Currency in law is everything. New cases, rules and statutes are coming out constantly. This page will explain how to update most law related materials.

UPDATING STATUTES

    FEDERAL STATUTES

    The federal statutes are published in three different places and how you update them will depend on which version of the statutes you carry in your library.

    1. UPDATING THE UNITED STATES CODE

    This version of the statutes comes from the Government Printing Office. As a result, updates are slow, and care should be used in making sure you have the most current.

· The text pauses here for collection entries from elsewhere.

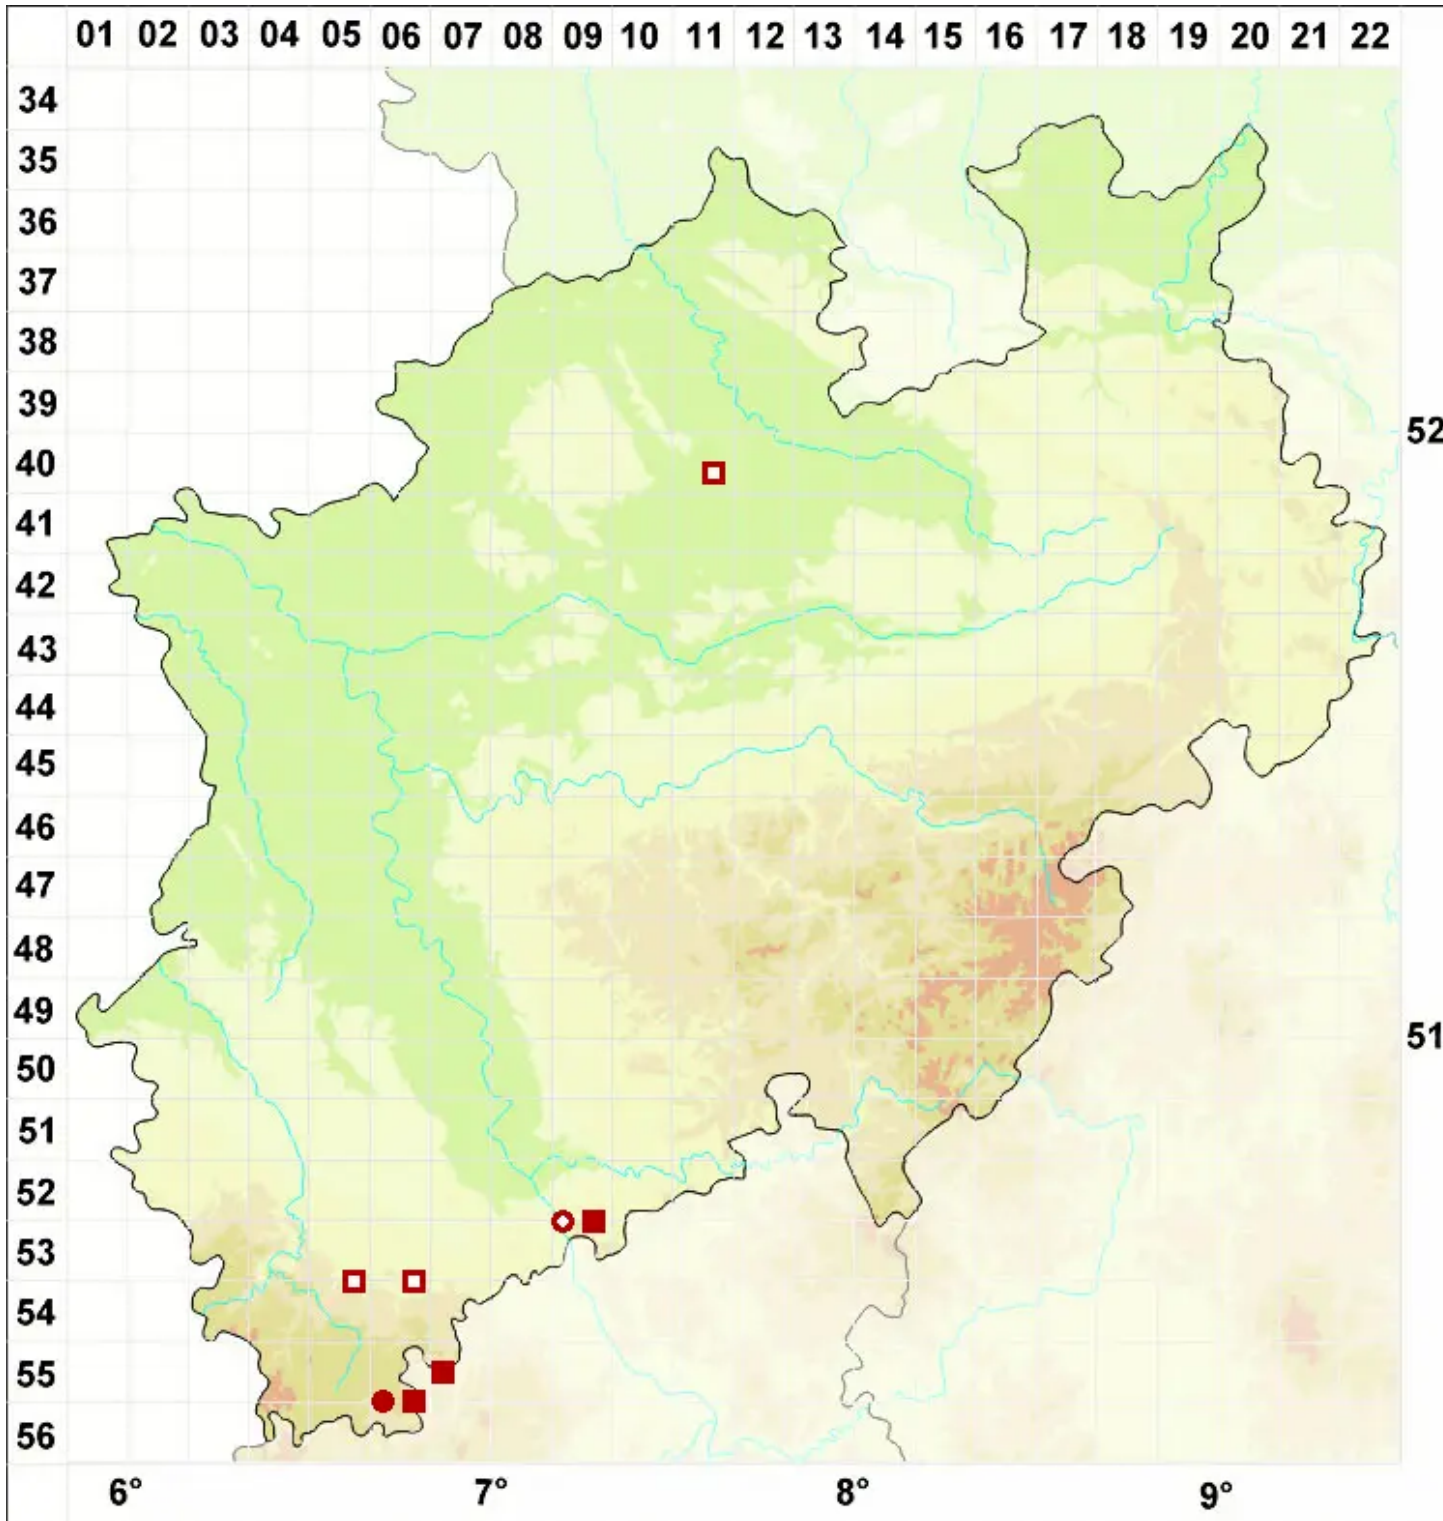

Peltigera neckeri Hepp ex Müll. Arg.

Neckers Schildflechte

Legende:

- Symbole:**
- Ausgefülltes Symbol:
Zeitraum von 1980 bis heute (Aktuelle Angabe)
 - Leeres Symbol:
Zeitraum vor 1980 (Altangabe)
 - Quadrat: Herbarbeleg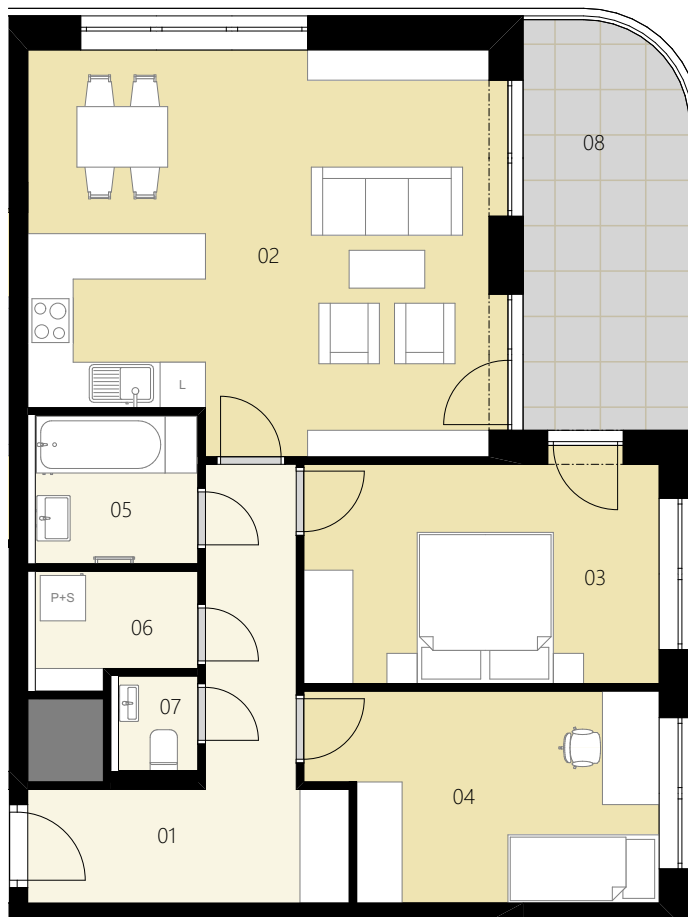

REZIDENCE
**Horizont
Kamýk**

PŮDORYS PODLAŽÍ

VÝCHODNÍ POHLED

ENERGETICKÝ ŠTÍTEK

3+KK

TYP

HK405

ČÍSLO BYTU

4.NP

PODLAŽÍ

Ozn.	Název	Plocha / m ²
01	Předsíň	11,3
02	Obývací pokoj + KK	32,2
03	Ložnice	13,8
04	Pokoj	12,0
05	Koupelna	4,1
06	Komora	2,9
07	WC	1,2
Užitná plocha bytu		77,5
Celková plocha bytu		83,2
08	Balkon	11,3

    1. Check for a hardbound supplement at the end of the set. Your United States Code set is only updated through the date on this volume.
    2. If your library carries it, check the most recent United States Code and Congressional News softbound supplement. This is a different publication from the United States Code. It prints the public laws as they are passed, and key legislative history about those public laws.
    3. In the middle of this softbound supplement there is a Table 3 that will show "U.S. Code & U.S. Code Annotated Sections Amended, Repealed, New, etc. and will give you the number of any public laws have amended the statute you are updating. Table 3 is current through the public law number listed on the cover, and generally only covers the current session. If there is a multi-year gap between the date of the United States hardbound supplement came out and the United States Code and Congressional News Supplement you will want to make sure that between the two you have covered all Congressional Sessions.
    4. If your library does not carry the United States Code and Congressional News, then you could try to update your statute using one of two recommended internet sites. The first site is Cornell Law School at http://www4.law.cornell.edu/uscode/. At this site, once you have pulled up your code section, there is an update link that you can use to let you know if a public law has amended the statute you are viewing. Another site, Thomas at http://thomas.loc.gov has the Public laws going back twenty-five years. This site is a more difficult to use for updating though, as there isn't an updating feature or a table that you can check, so you would have to search for your section within the full-text of the public laws that have been passed since your volume was published. Another option would be to call and ask a reference librarian at your local law library to check an updated version of the code to see if your section was amended more recently than the date on your United States Code volume.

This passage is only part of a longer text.